***** Study material *****

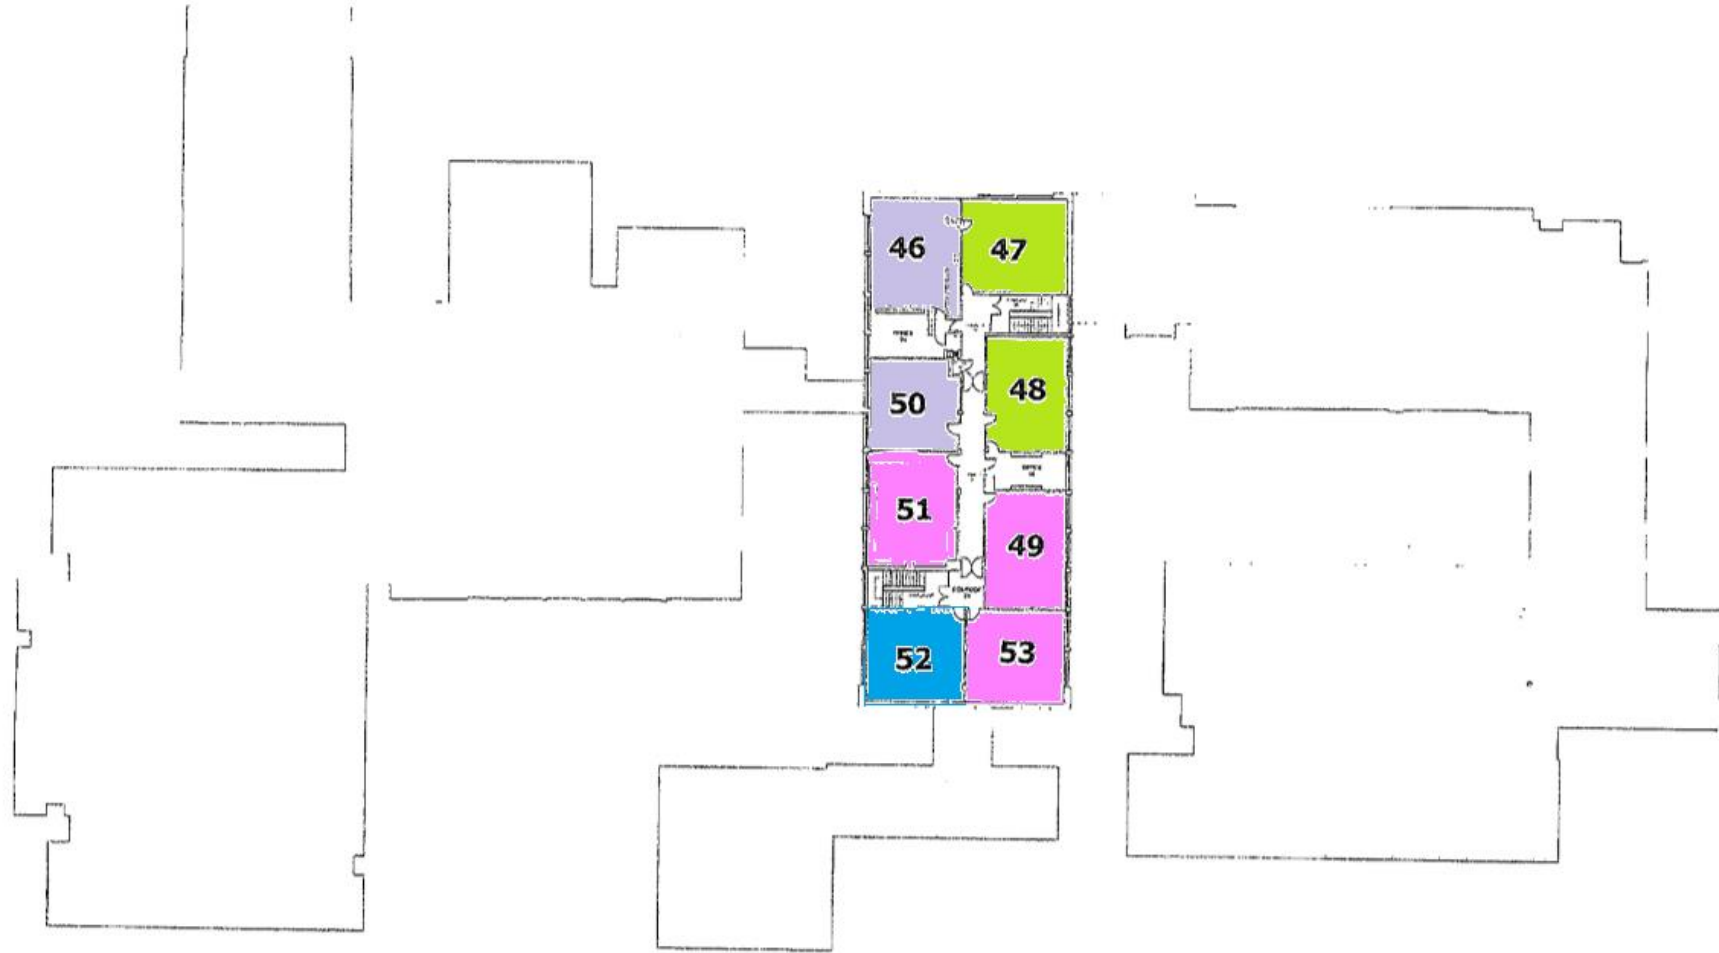

# Ground floor layout

Colour	Department
Yellow	PE
Light Blue	RE
Light Green	Design Technology
Orange	English
Dark Blue	Science
Pink	Learning Support

# Second Floor

Colour	Department
Yellow	PE
Blue	Maths
Red	Computer rooms
Orange	English

# Top floor layout

nt
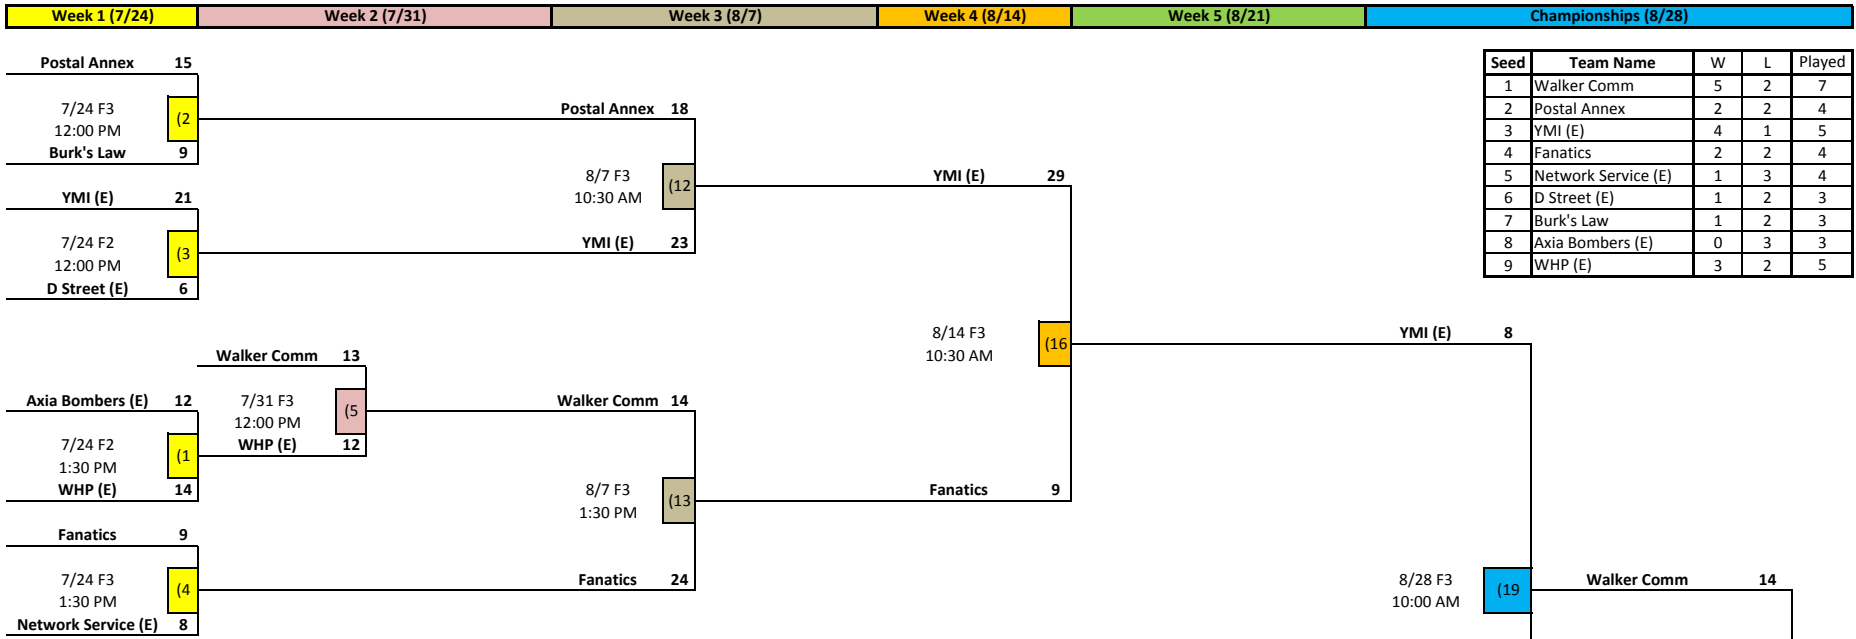

Winner's Bracket

Seed	Team Name	W	L	Played
1	Walker Comm	5	2	7
2	Postal Annex	2	2	4
3	YMI (E)	4	1	5
4	Fanatics	2	2	4
5	Network Service (E)	1	3	4
6	D Street (E)	1	2	3
7	Burk's Law	1	2	3
8	Axia Bombers (E)	0	3	3
9	WHP (E)	3	2	5

Loser's Bracket
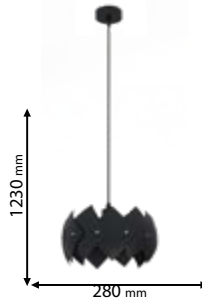

5 YEARS TOTAL WARRANTY
+ 3 standard
2 extended

Lamps Not Included

955ROBBY1/BL

Type: Pendant lamp
Body colour: Black & White
Material: Metal + PP
Max.: 25W

Lamps Not Included

955ROCCO1/BL

Type: Pendant lamp
Body colour: Black
Material: Metal + PP
Max.: 25W
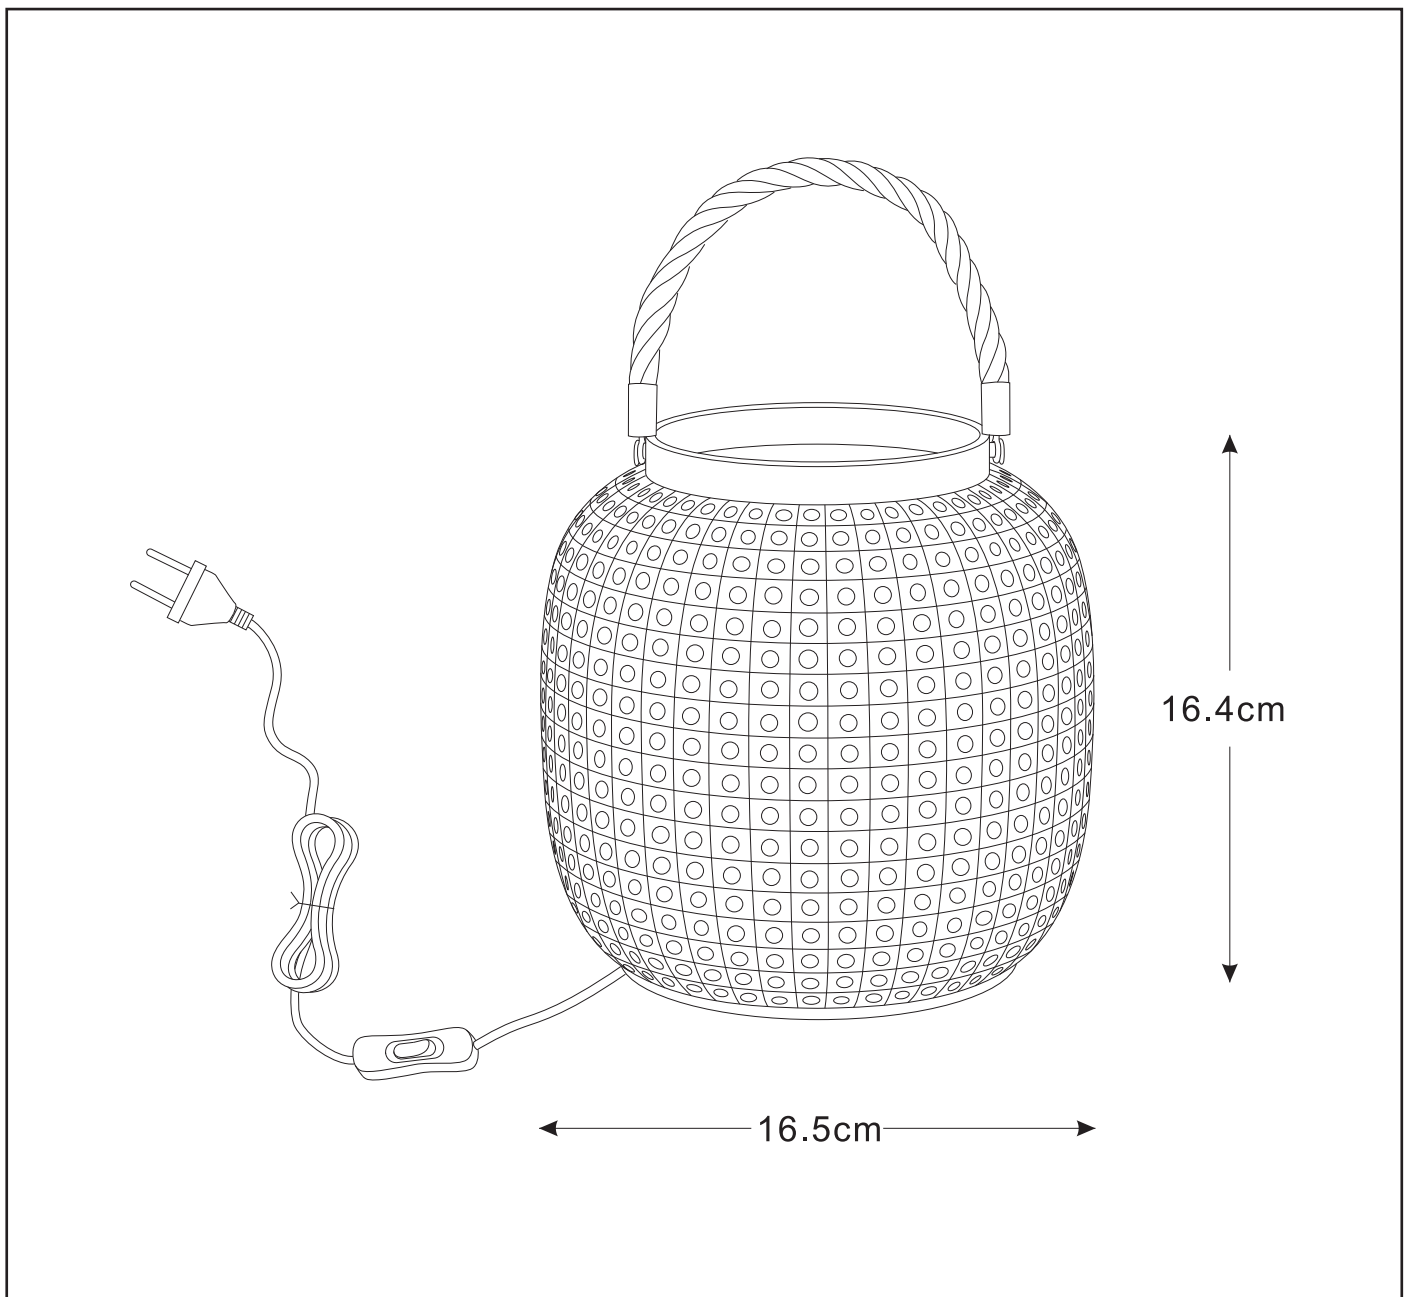

LUCIDE

TECHNICAL DRAWING & DIMENSIONS

SAFIYA

item number : 13525/01/31

EAN code : 5411212133939

item number : 13525/01/36

EAN code : 5411212133946

For more specifications, dimensions please visit

www.lucide.com
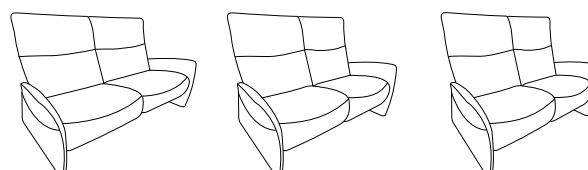

valid for both models:

- not suitable for mohair fabrics
- with saddler seam
- matching side table 0842 for trapezoidal sofas (see table index)
- all electric variants are available with external storage battery.
- all electric variants have a side part pocket with a remote control

4929 with Wallfree function

with Wallfree function and high back

82
W/D/H: 205/93/105

81
W/D/H: 168/93/105

80
W/D/H: 148/93/105

fixed seat - high back

12
W/D/H: 205/93/105

11
W/D/H: 168/93/105
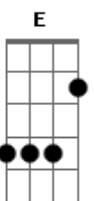

ukulele-chords.com
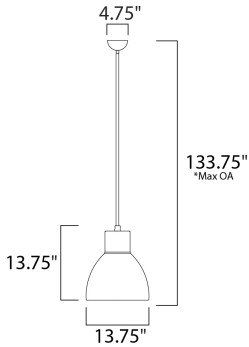

PRODUCT DESCRIPTION

Spun metal shades in various sizes are perfect for budget installations. Available in Black with gold interior and Satin Nickel with white interior, these pendants are very stylish.

*max overall height

MEASUREMENTS

- DIMENSION : 13.75" L x 13.75" W x 13.75" H
- MAX OAH : 133.75" OAH
- CANOPY : 4.75" W x 2.25" H x 4.75" L
- HANGING WEIGHT : 3.61 lb

LAMPING

- INPUT VOLTAGE : 120V
- BULB : 60W Incandescent E26 Medium , 60W Total
- BULB INCLUDED : (Not Included)
- DIMMABLE : Yes
- LIGHTING_DIRECTION : Down

FINISHES OPTION

- Black / Gold (BKGLD)
- Satin Nickel (SN)

MATERIAL

Steel

RATINGS

cETLus
Dry Location

ADDITIONAL

INSTALL UP/DOWN: Down
SLOPE: 120
OPERATING TEMPERATURE:
-20°C (-4°F), 40°C (104°F)
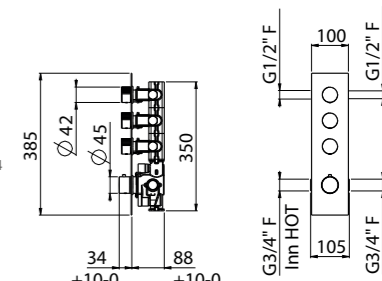

1. AVAILABLE FINISHINGS

MODERN	5
CLASSIC	5
PVD	1

For finishing surcharge, see table on the inside cover of the catalogue
1 For horizontal installation, order outer part 0-QTM4202EST/O-CR
2 See installation heights, flow rate and spare parts table page 567
3 Order outer part number + concealed part number
4 See details page 530

1. Concealed high flow rate shower mixer
2. Thermostatic cartridge
   - 3 outlets G 1/2", ceramic headwork 90°
   - Inlets G 3/4"
   - Optional mounting kit, recommended ⁴
   - Chrome
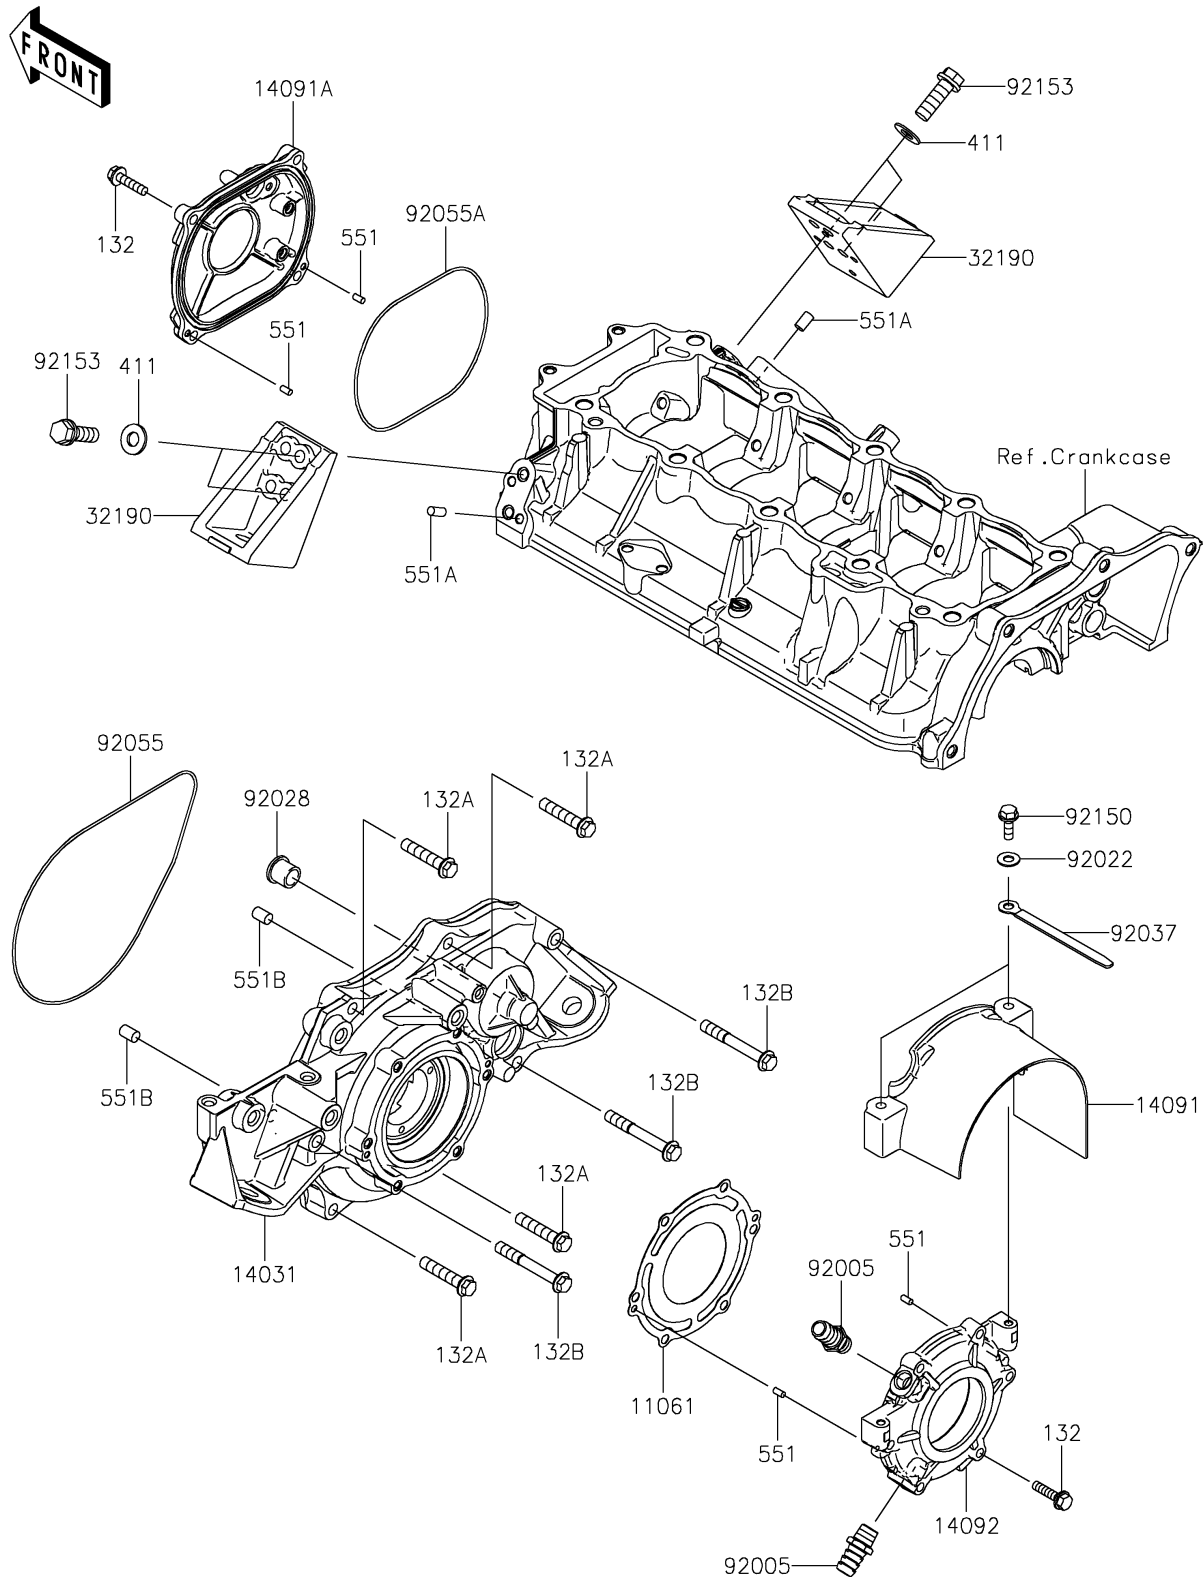

2023 JET SKI® STX® 160

PARTS DIAGRAM

Engine Cover(s)

E1431

2023 JET SKI® STX® 160

PARTS LIST

Engine Cover(s)

ITEM NAME

PART NUMBER

QUANTITY
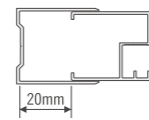

NQB SERIES

SPECIFICATION:

- 6mm or 8mm tempered clear glass
- 6463 aluminum profile
- Metal double rollers
- Solid aluminum handles
- Plastic door magnetic strips
- Easy install design
- No bottom rail, with removable guide block on the bottom
- Left and right reversible
- Without shower tray

OPTIONAL:

- Soft-close system (easy to install and remove, convenient for future maintenance)
- Bottom rail

EXTENSIBILITY:

*****

■ **Problem to solve**
All the records need to be repeated exactly, with the images dropped.

■ **Answer to the exercise**
# Ground floor layout

Colour	Department
Yellow	PE
Light Blue	RE
Light Green	Design Technology
Orange	English
Dark Blue	Science
Pink	Learning Support

# Second Floor

Colour	Department
Yellow	PE
Blue	Maths
Red	Computer rooms
Orange	English

# Top floor layout

nt

Winner's Bracket

Seed	Team Name	W	L	Played
1	Walker Comm	5	2	7
2	Postal Annex	2	2	4
3	YMI (E)	4	1	5
4	Fanatics	2	2	4
5	Network Service (E)	1	3	4
6	D Street (E)	1	2	3
7	Burk's Law	1	2	3
8	Axia Bombers (E)	0	3	3
9	WHP (E)	3	2	5

Loser's Bracket

5 YEARS TOTAL WARRANTY
+ 3 standard
2 extended

Lamps Not Included

955ROBBY1/BL

Type: Pendant lamp
Body colour: Black & White
Material: Metal + PP
Max.: 25W

Lamps Not Included

955ROCCO1/BL

Type: Pendant lamp
Body colour: Black
Material: Metal + PP
Max.: 25W

LUCIDE

TECHNICAL DRAWING & DIMENSIONS

SAFIYA

item number : 13525/01/31

EAN code : 5411212133939

item number : 13525/01/36

EAN code : 5411212133946

For more specifications, dimensions please visit

www.lucide.com

valid for both models:

- not suitable for mohair fabrics
- with saddler seam
- matching side table 0842 for trapezoidal sofas (see table index)
- all electric variants are available with external storage battery.
- all electric variants have a side part pocket with a remote control

4929 with Wallfree function

with Wallfree function and high back

82
W/D/H: 205/93/105

81
W/D/H: 168/93/105

80
W/D/H: 148/93/105

fixed seat - high back

12
W/D/H: 205/93/105

11
W/D/H: 168/93/105

ukulele-chords.com

PRODUCT DESCRIPTION

Spun metal shades in various sizes are perfect for budget installations. Available in Black with gold interior and Satin Nickel with white interior, these pendants are very stylish.

*max overall height

MEASUREMENTS

- DIMENSION : 13.75" L x 13.75" W x 13.75" H
- MAX OAH : 133.75" OAH
- CANOPY : 4.75" W x 2.25" H x 4.75" L
- HANGING WEIGHT : 3.61 lb

LAMPING

- INPUT VOLTAGE : 120V
- BULB : 60W Incandescent E26 Medium , 60W Total
- BULB INCLUDED : (Not Included)
- DIMMABLE : Yes
- LIGHTING_DIRECTION : Down

FINISHES OPTION

- Black / Gold (BKGLD)
- Satin Nickel (SN)

MATERIAL

Steel

RATINGS

cETLus
Dry Location

ADDITIONAL

INSTALL UP/DOWN: Down
SLOPE: 120
OPERATING TEMPERATURE:
-20°C (-4°F), 40°C (104°F)

1. AVAILABLE FINISHINGS

MODERN	5
CLASSIC	5
PVD	1

For finishing surcharge, see table on the inside cover of the catalogue
1 For horizontal installation, order outer part 0-QTM4202EST/O-CR
2 See installation heights, flow rate and spare parts table page 567
3 Order outer part number + concealed part number
4 See details page 530

1. Concealed high flow rate shower mixer
2. Thermostatic cartridge
   - 3 outlets G 1/2", ceramic headwork 90°
   - Inlets G 3/4"
   - Optional mounting kit, recommended ⁴
   - Chrome

2023 JET SKI® STX® 160

PARTS DIAGRAM

Engine Cover(s)

E1431

2023 JET SKI® STX® 160

PARTS LIST

Engine Cover(s)

ITEM NAME

PART NUMBER

QUANTITY

NQB SERIES

SPECIFICATION:

- 6mm or 8mm tempered clear glass
- 6463 aluminum profile
- Metal double rollers
- Solid aluminum handles
- Plastic door magnetic strips
- Easy install design
- No bottom rail, with removable guide block on the bottom
- Left and right reversible
- Without shower tray

OPTIONAL:

- Soft-close system (easy to install and remove, convenient for future maintenance)
- Bottom rail

EXTENSIBILITY:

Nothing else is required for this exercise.